17:12 It could be the case that a custom stepper style wants to define its own accessibility features. We could add a property to the protocol to let the style indicate this, or we could have a separate protocol to which styles can conform if they want to opt out of our accessibility implementation. But for now, we can just ignore the children of the style's view:

struct MyStepper<Label: View>: View {
    @Binding var value: Int
    var `in`: ClosedRange<Int> // todo
    @ViewBuilder var label: Label
    @Environment(\.stepperStyle) var style
    
    var body: some View {
        AnyView(style.makeBody(.init(value: $value, label: .init(underlyingLabel: AnyView(label)), range: `in`)))
            .accessibilityElement(children: .ignore)
            .accessibilityValue(value.formatted())

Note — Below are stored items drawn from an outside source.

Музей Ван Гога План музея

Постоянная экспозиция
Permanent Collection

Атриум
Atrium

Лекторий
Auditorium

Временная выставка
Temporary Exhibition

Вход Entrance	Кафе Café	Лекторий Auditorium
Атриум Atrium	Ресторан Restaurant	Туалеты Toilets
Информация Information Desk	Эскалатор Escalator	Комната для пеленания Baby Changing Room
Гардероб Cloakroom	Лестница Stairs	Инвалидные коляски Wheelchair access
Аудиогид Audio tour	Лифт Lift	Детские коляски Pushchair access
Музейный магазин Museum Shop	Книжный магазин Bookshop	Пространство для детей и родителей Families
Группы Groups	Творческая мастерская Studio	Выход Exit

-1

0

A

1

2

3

            .accessibilityAdjustableAction({ direction in
                switch direction {
                case .decrement:
                    value -= 1
                case .increment:
                    value += 1
                }
            })
    }
}

18:53 The "quantity" label is no longer read out because we're ignoring all content inside the style, but we can bring that back by passing the label view to the accessibilityRepresentation modifier. We need to use this modifier rather than accessibilityLabel, because it takes any view, and we have no information about label other than that it conforms to View:

struct MyStepper<Label: View>: View {
    @Binding var value: Int
    var `in`: ClosedRange<Int> // todo
    @ViewBuilder var label: Label
    @Environment(\.stepperStyle) var style
    
    var body: some View {
        AnyView(style.makeBody(.init(value: $value, label: .init(underlyingLabel: AnyView(label)), range: `in`)))
            .accessibilityElement(children: .ignore)

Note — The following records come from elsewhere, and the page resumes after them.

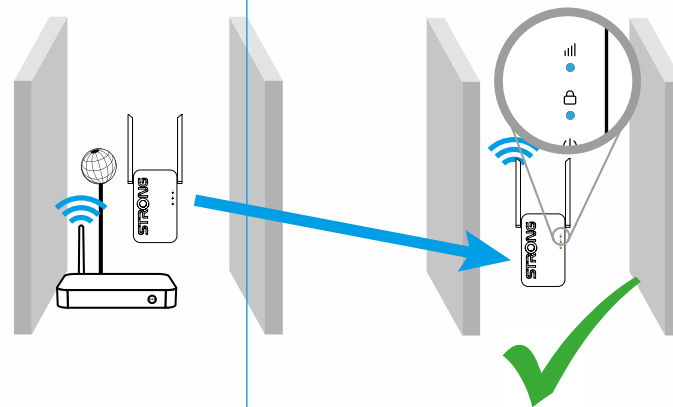

5

STRONG

WI-FI 6 REPEATER 3000

REPEATERAX3000

Mbps
3000
Mbit/s

4 Years
warranty

Installation instructions
Anweisungen zur Installation
Instructions d'installation
Istruzioni per l'installazione
Instrucciones de instalación
Instruções de instalação
Installationsvejledning
Installasjonsinstruksjoner
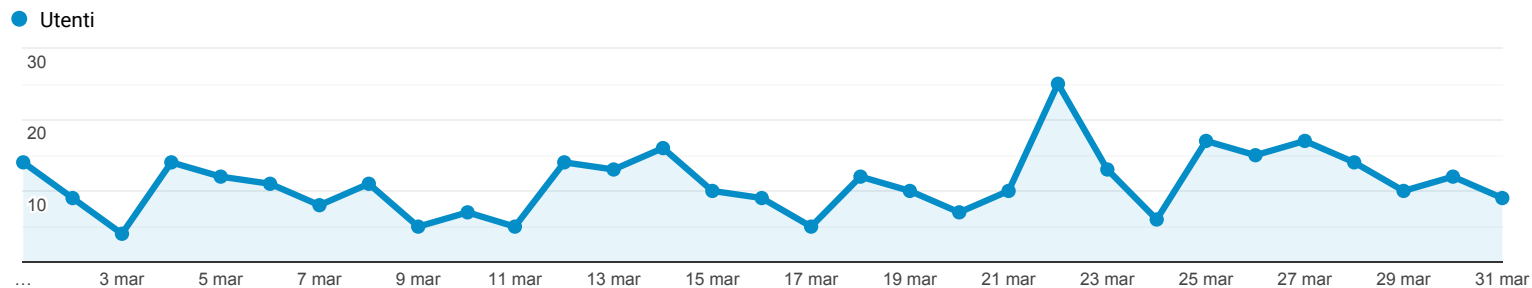

## Panoramica del pubblico

Tutti gli utenti  
100,00% Utenti

1 mar 2019 - 31 mar 2019

### Panoramica

New Visitor Returning Visitor

Lingua	Utenti	% Utenti
1. it-it	176	70,68%
2. it	43	17,27%
3. en-us	27	10,84%
4. "en-us"	1	0,40%
5. de-de	1	0,40%
6. en-gb	1	0,40%
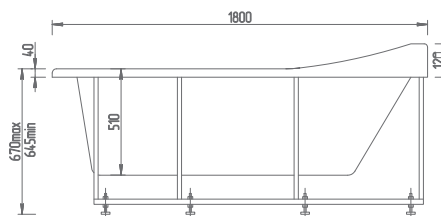

Материал сантех. акрил
Высота 64,5–75 см
Глубина 51 см
Длина 180 см
Внутр. размер дна 124 см
Внутр. размер ванны 169 см
Ширина 80 см
Внутренняя ширина 56 см
Макс. емкость 270 л
Фронтальный экран 1 шт.
Боковой экран 2 шт.
Кол-во боковых форсунок 6 шт.
Вес 60 кг

Внешнее исполнение ванны Европа создает ощущение комфорта и доставляет эстетическое удовольствие.
Возвышение на изголовье ванны позволит Вам расслабиться и насладиться ощущением легкости и спокойствия.
Каждый раз погружаясь в ванну, Вы будете забывать о трудностях и проблемах, а выходя из ванны, чувствовать себя бодро и свежо.

            .accessibilityRepresentation(representation: {
                label
            })
            .accessibilityValue(value.formatted())

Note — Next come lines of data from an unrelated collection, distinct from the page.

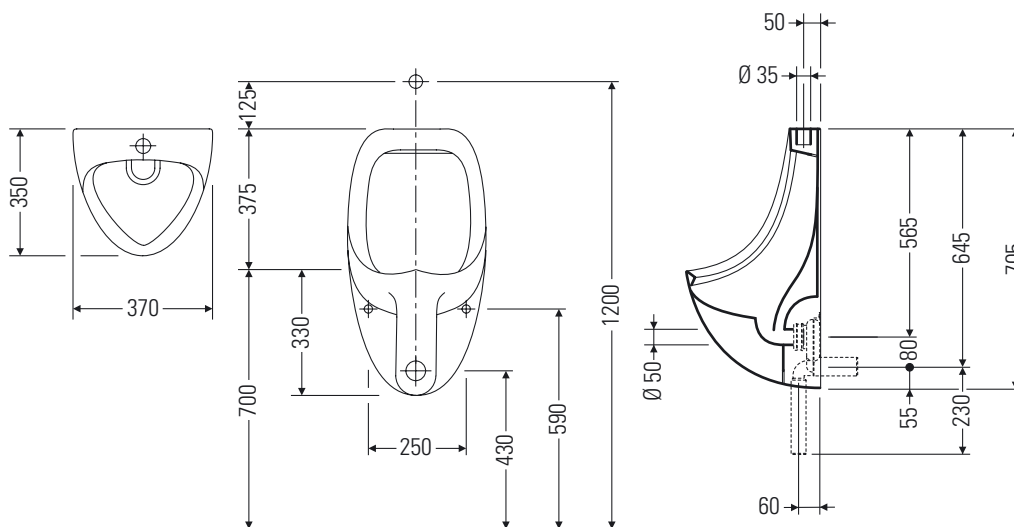

0848370000 / # 0848370007
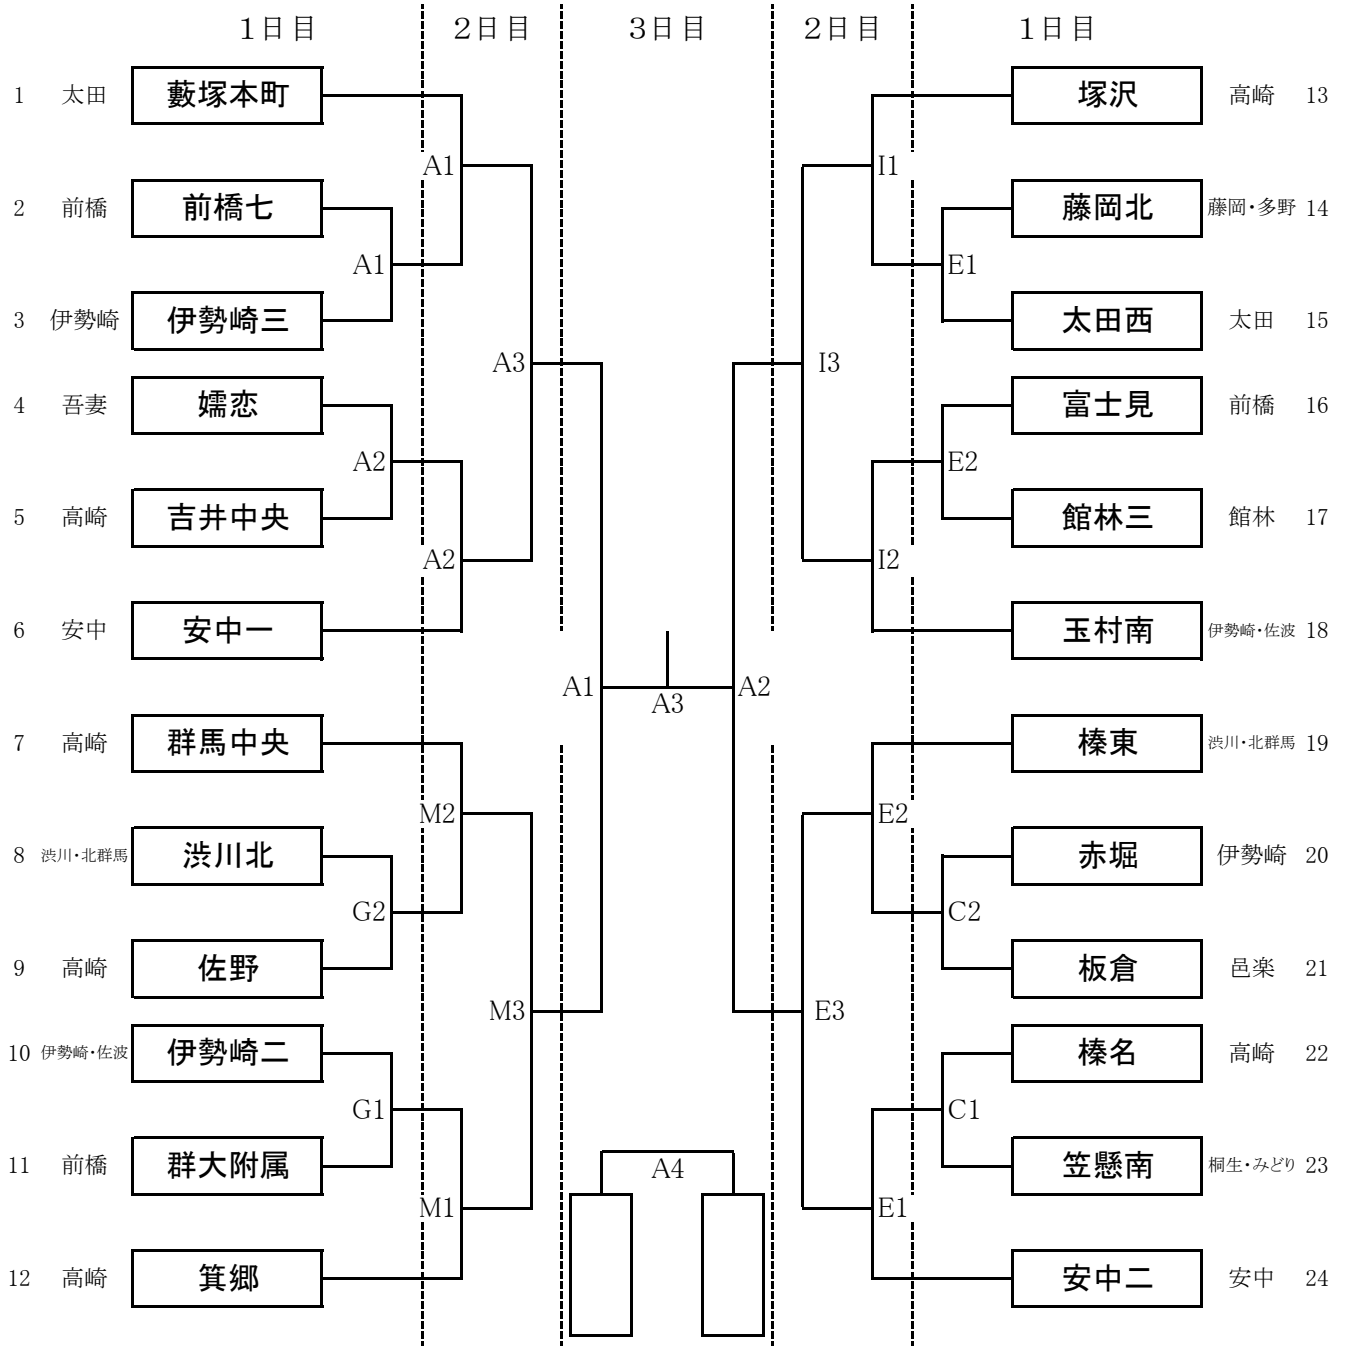

〈男子〉

A,Eコート 太田市立西中学校  
 C,Gコート みどり市立笠懸南中学校  
 I,J,Mコート 桐生ガススポーツセンター

開場 8:15  
 開場 8:15  
 開場 8:15

試合開始 9:30  
 試合開始 9:30  
 試合開始 9:30

〈女子〉

試合会場

B,D,Lコート 太田市総合体育館エアリスアリーナ 開場 8:15  
 F,H,Kコート 桐生大学グリーンアリーナ 開場 8:15  
 I,J,Mコート 桐生ガススポーツセンター 開場 8:15

試合開始 9:30  
 試合開始 9:30  
 試合開始 9:30

            .accessibilityAdjustableAction({ direction in
                switch direction {
                case .decrement:
                    value -= 1
                case .increment:
                    value += 1
                }
            })
    }
}

19:57 VoiceOver now describes the items in our cart, it describes how we can change the quantity, and it correctly tells us about the actions we take. We can improve this a little bit by allowing styles to opt in or out of the accessibility features. This could be handy for a custom stepper that allows us to increment the value with 10 steps at once, for example. But our default implementation seems to be pretty good for simple use cases.